====== SUPPLIED INFORMATION

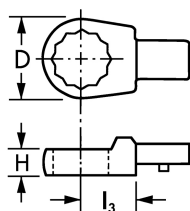

Insteek-steeksleutel, 11 mm

| Details | |
|----------------|---------------|
| Code-No. | 00792411180 |
| Art. No. | 792-41 |
| 6Kt mm | 11 |
| L3 mm | 17,5 |
| D mm | 20,0 |
| H mm | 8,0 |
| for HEYCO No. | 792 |
| Weight | 40 |
| Packaging unit | 1 |
| EAN | 4024089144987 |
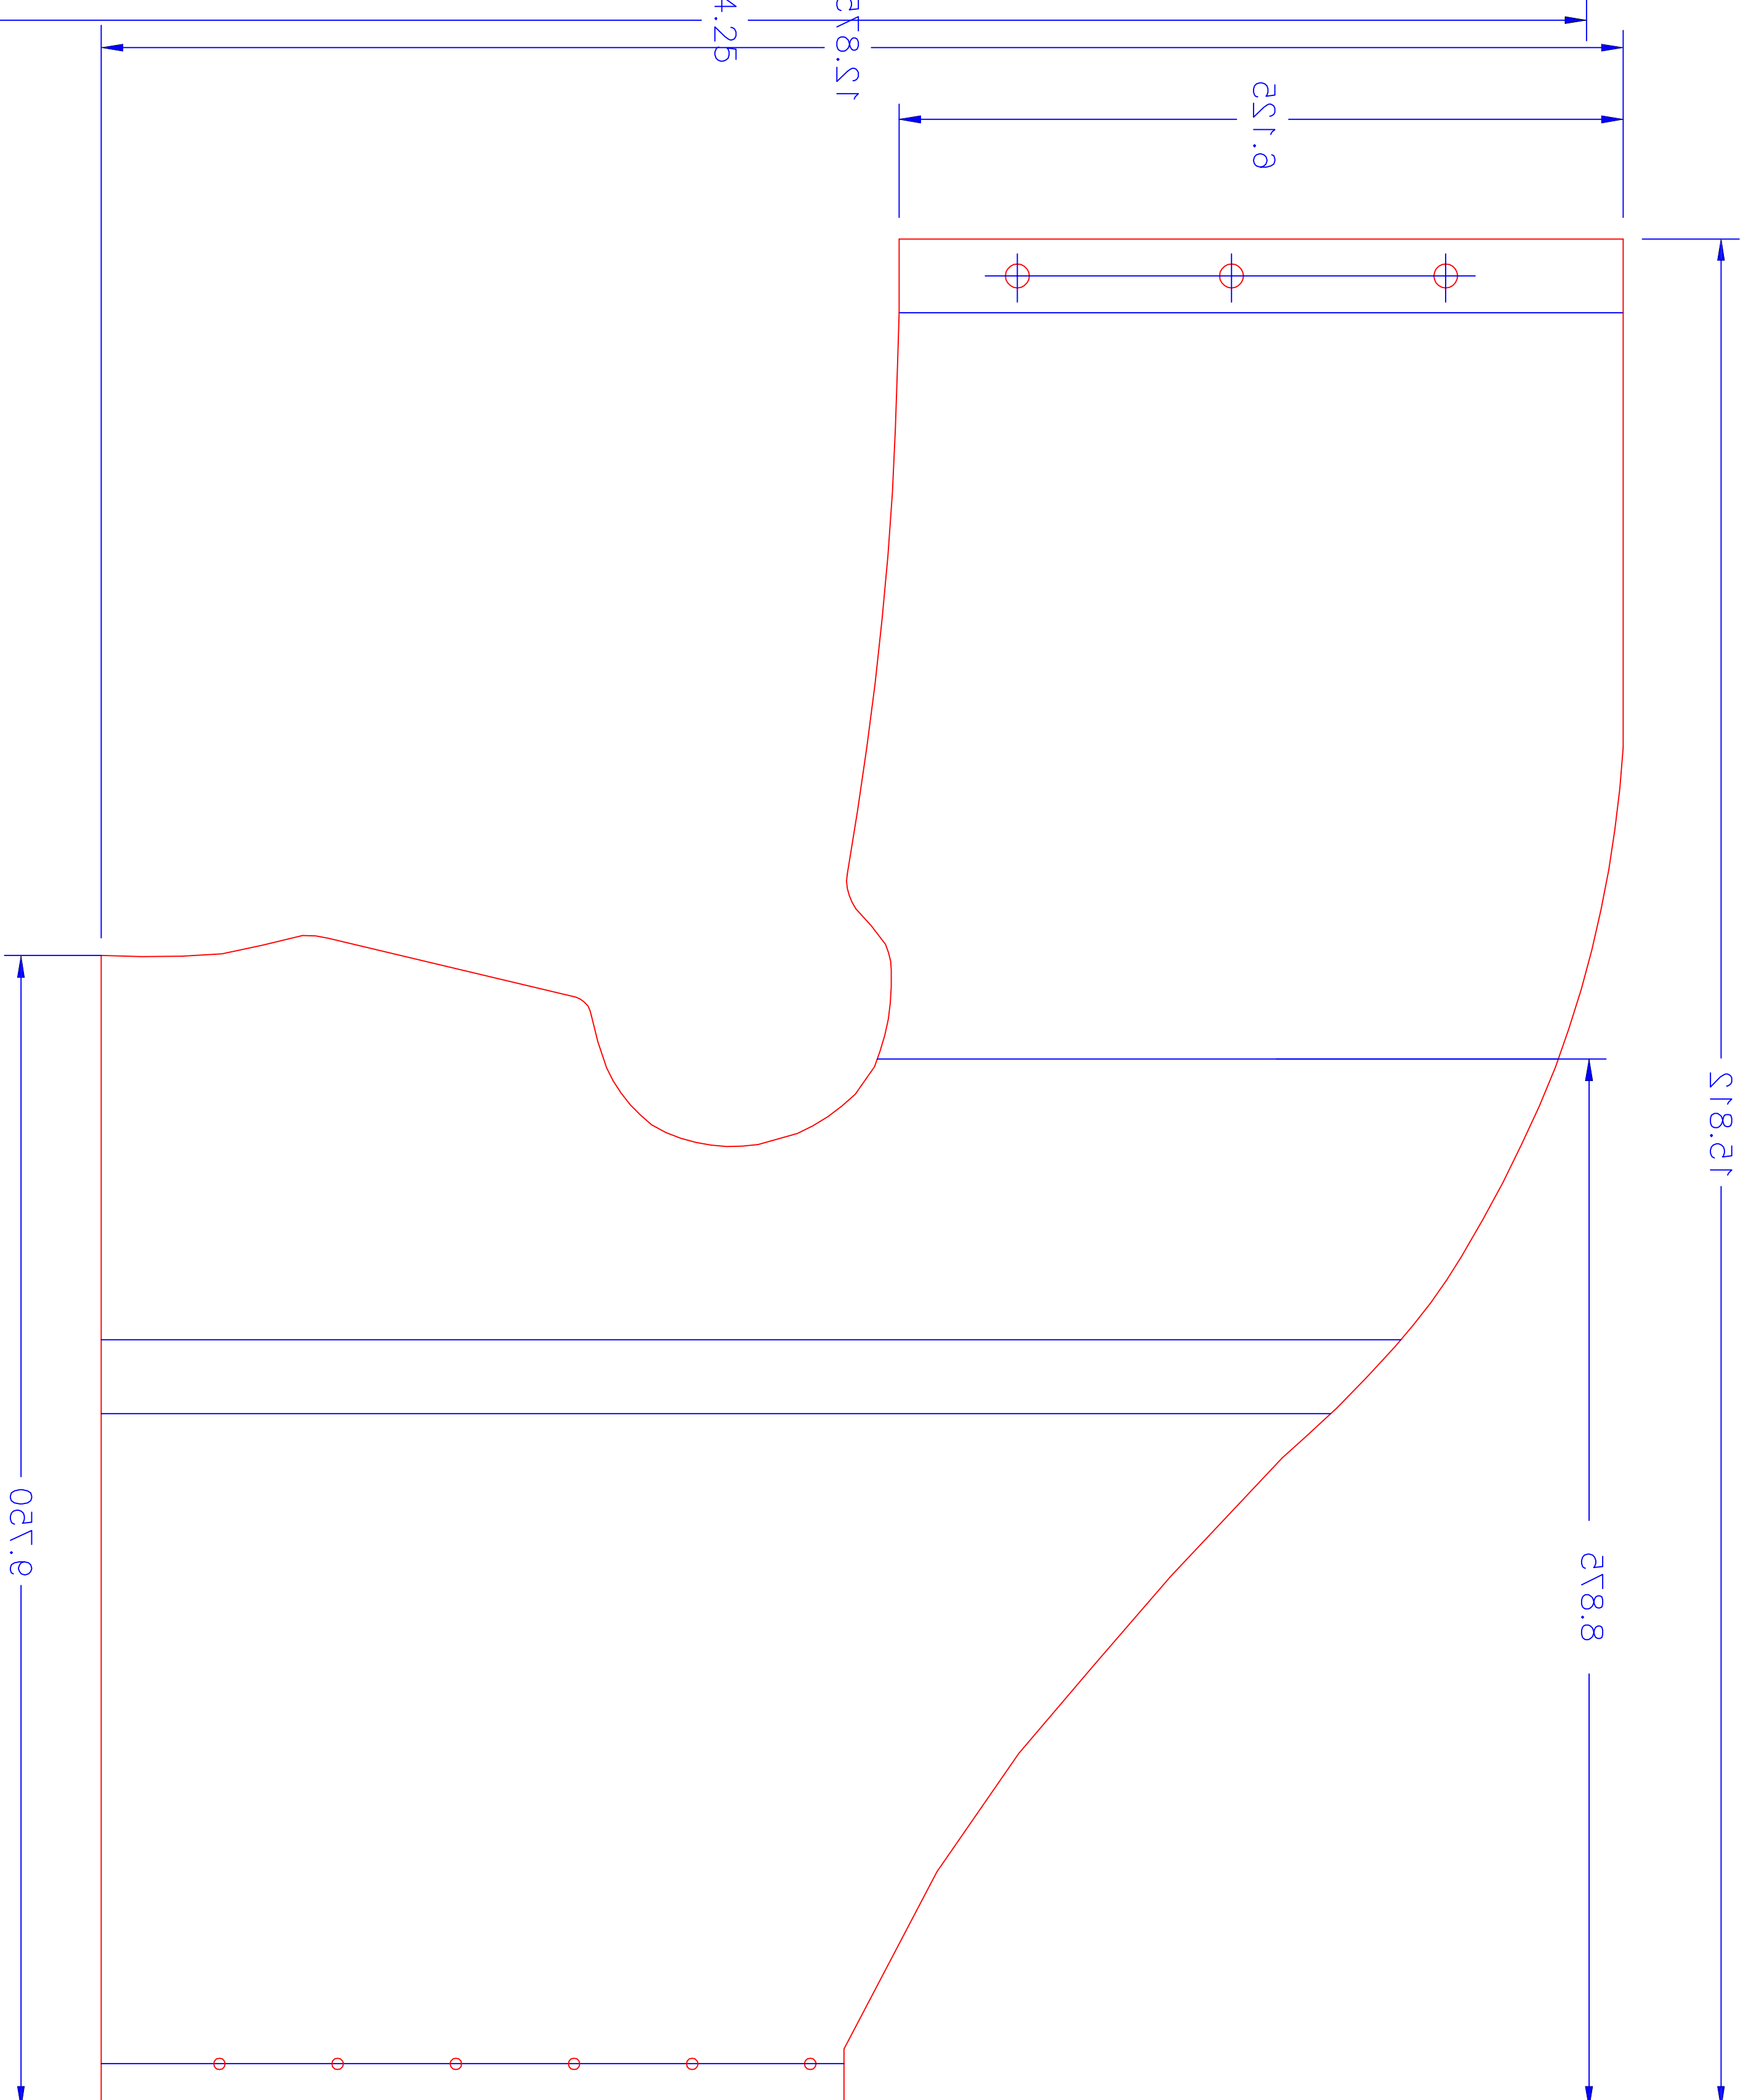

0.32" 6061-T6 AIRCRAFT ALUMINUM

.040" 6061-T6 AIRCRAFT ALUMINUM

.040" 6061-T6 AIRCRAFT ALUMINUM

MINIMUM 2T-1200 .040.

15.875

.040" 6061-T6 AIRCRAFT ALUMINUM

14.25

2T8.51

2T1.9

2T1.9

============

Pictures omitted, give the entries again exactly.

• _TASK ANSWER_
Insteek-steeksleutel, 11 mm

| Details | |
|----------------|---------------|
| Code-No. | 00792411180 |
| Art. No. | 792-41 |
| 6Kt mm | 11 |
| L3 mm | 17,5 |
| D mm | 20,0 |
| H mm | 8,0 |
| for HEYCO No. | 792 |
| Weight | 40 |
| Packaging unit | 1 |
| EAN | 4024089144987 |

0.32" 6061-T6 AIRCRAFT ALUMINUM

.040" 6061-T6 AIRCRAFT ALUMINUM

.040" 6061-T6 AIRCRAFT ALUMINUM

MINIMUM 2T-1200 .040.

15.875

.040" 6061-T6 AIRCRAFT ALUMINUM

14.25

2T8.51

2T1.9

2T1.9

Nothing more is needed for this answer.